[Nummer 2]
Zusje en broertje.
Dezer dagen hebben wij een bijeenkomst bijgewoond van de Maatschappij voor Woordkunst en we zijn tot de slotsom gekomen dat deze Maatschappij en ons Genootschap eigenlijk ‘zusje en broertje’ zijn. Want hetgeen wij beoogen op 't stuk van het schrijven der taal, tracht genoemde Mij. te bereiken in zake het spreken: zuiver Nederlandsch.

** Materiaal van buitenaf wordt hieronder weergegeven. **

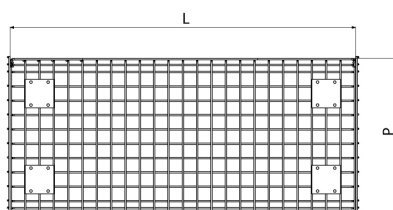

Codice	Descrizione	L (mm)	H (mm)	P (mm)	box	Pallet
ST-0011	Cesto smontabile 1240x655x550	1240	655/500	550	-	-
ST-0012	Cesto smontabile 1240x355x550	1240	355/200	550	-	-

Er wordt inderdaad bar slecht gesproken in ons land en we zouden waarlijk niet durven zeggen, wat we gebrekkiger doen: spreken of schrijven. Wanneer men, natuurlijk, de dialecten buiten beschouwing laat (dat zijn historische complexen), dan moet het ons treffen, hoeveel slordiger de gemiddelde Nederlander zijn taal spreekt dan b.v. de gemiddelde Franschman of Engelschman. En wij zijn óók nog slordiger dan de gemiddelde Duitscher al kan die óók wel eens zonderling met zijn taalklanken omgaan, voornamelijk echter met zijn medeklinkers - een echte Berlijner zegt: ‘Eene jut jebratene Jans ist 'ne richtije Jabe Jottes’ - terwijl wij vooral de klinkers verslonzen. Over 't algemeen moet men trouwens, om een taal goed te hooren spreken, niet in de hoofdsteden zijn; het ‘Cockney-’ Engelsch van de geboren City-Londenaars is bekend evenals de illustratie daarvan door het volgende gesprekje tusschen iemand die wel en iemand die niet een ‘Cockney’ was:
Cockney: ‘It is very 'ot in the hair’.
Niet-Cockney: ‘Well, just wipe your hair with some cold water!’
Cockney: ‘No, I don't mean my 'air, I mean the hair of the hatmosphere!’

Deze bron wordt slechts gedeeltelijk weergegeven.